- Chris O'Donnell, Batman Forever, 1994.
- Harold Perrineau, Romeo + Juliet, 1996. Lost after severa lattempts to be the drag queen Mercutio for Baz Luhrman. Harold was so good, he went to jail for 45 episodes of Oz,TV, 1997-2003. And then got The Matrix and Lost. Mr A List!
- Leonardo DiCaprio, Titanic, 1996.
- Matt Damon, The Talented Mr. Ripley, 1997. The US re-makeof Plein soleil was passed to UK director Anthony Minghella by US producer-director Sydney Pollack.
- Vince Vaughn, Psycho, 1997. Robert Sean Leonard, Tobey Maguire, Joaquin Phoenix and Henry Thomas were also up for Norman Bates when director Gus Van Sant had the nuttiest idea in movie history - re-making the Hitchcock classic, shot for shot - “So no one else would have to.” (!) With a camerman and actress who’d never seen the original, work that out. Oh and Bernard Herrmann’s score “adapted” by two other guys.
- Ethan Hawke, Training Day, 2000. Scenarist David Ayer was greatly smitten by Bale’s most famous intensity during the Training tests- and gave him his next, autobiographical script, Harsh Times .“If I ever get to direct it, you can play Jim.” And hehe kept his promise. Four years later.
- Paul Walker, The Fast and The Furious, 2000. Eminem and Mark Wahlberg were also considered for Brian O’Connor. Walker went on to the sequel, 2 Fast 2 Furious, and won a huge cult following with chapters 4, 5, 6. He was 40 and filming #7 when he was killed in an off-duty car crash on November 30, 2013. (He was not driving). “Father God I pray that you send clarity over this ’cause I just don’t understand,” said co-star Tyrese Gibson. “My heart hurts, it’s broken, no one can convince me that this is real… I can’t believe I’m writing this.”
- Casper Van Dien, The Rules of Attraction, 2002. Rejected Roger Avary’s offer to reprise Patrick Bateman from American Psycho, 2000. In the final cut, Van Dien’s scenes (phoning brother Sean) were cut.
- Orlando Bloom, Pirates of the Caribbean: The Curse of the Black Pearl, 2003. No time. The other Mr A List was already booked for everything else... the new Batman franchise,Terrence Malick’s New World, Werner Herzog’s Rescue Dawn and among the six Bob Dylans in I’m Not There.

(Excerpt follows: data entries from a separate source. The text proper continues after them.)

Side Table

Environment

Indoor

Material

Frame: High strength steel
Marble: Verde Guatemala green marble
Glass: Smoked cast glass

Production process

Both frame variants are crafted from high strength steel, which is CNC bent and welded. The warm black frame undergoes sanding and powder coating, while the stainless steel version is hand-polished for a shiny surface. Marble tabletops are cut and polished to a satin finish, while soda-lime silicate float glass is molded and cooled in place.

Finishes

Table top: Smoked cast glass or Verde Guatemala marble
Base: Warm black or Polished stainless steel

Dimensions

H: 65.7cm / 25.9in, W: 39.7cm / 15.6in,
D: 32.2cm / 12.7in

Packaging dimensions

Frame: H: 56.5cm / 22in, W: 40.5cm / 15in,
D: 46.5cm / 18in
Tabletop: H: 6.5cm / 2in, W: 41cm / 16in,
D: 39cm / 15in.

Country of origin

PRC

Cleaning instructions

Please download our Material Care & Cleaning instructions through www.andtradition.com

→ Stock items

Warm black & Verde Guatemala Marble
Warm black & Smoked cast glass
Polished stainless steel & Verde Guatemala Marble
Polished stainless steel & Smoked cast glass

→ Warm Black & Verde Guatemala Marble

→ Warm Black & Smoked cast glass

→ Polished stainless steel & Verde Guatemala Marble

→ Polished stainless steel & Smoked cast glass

- Jake Gyllenhaal, Jarhead, 2004. Having lost Batman Begins to Bale, Jake won this time - the Desert Storm GI who never had to fire his weapon and wrote: “Every war is different, every war is the same.”
- Christian Slater, Alone in the Dark, 2005. One Christian for another...

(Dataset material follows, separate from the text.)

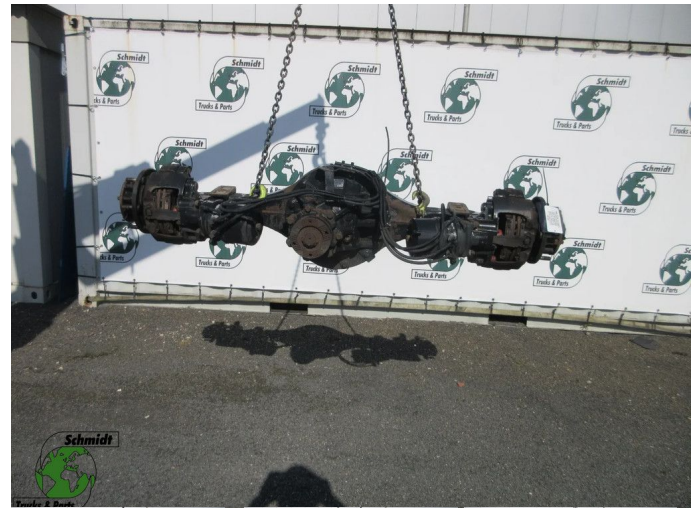

Description

MAN TGL 12.250 EURO 5 EEV
PART 81.35003-7485//81.35003-7787// 81.35010-6169
RATIO 3,364 Z=37.11
WG 928 LOC DELTA 1

- Matt Damon, Syriana, 2005. The Oscar-winning Traffic scribe turned director Stephen Gaghan asked for Bale - far away, traversing The New World for director Terrence Malick. With George Clooney already cast, it would have been two Bruce Waynes in one film.
- Josh Brolin, W, 2007. Josh Brolin, W, 2007. The Brit was George W Bush, undergoing various prosthetic make-up tests before deciding one mask was enugh for a career. Impressed by his work in No Country For Old Men and Gangster, director Oliver Stone (with Bush in the Yale class of 1968) selected Brolin… son of James Brolin, the 40th POTUS in The Reagans, 2003.
- Sam Worthington, Terminator Salvation, 2008. First script drafts concentrated less on John Connor than his father, Kyle Reese, and, the ex-Death Row con from the past (or the future) Marcus Wright. Bale was asked to be Marcus but was far more keen on having Connor beefed up. He got his way. Arnold Schwarzenegger refused to participate, saying a cameo would be cheating the fans. “Thank God,” he said later. “It sucked!” He returned for Terminator: Genisys, 2014. No better. Well, China loved it!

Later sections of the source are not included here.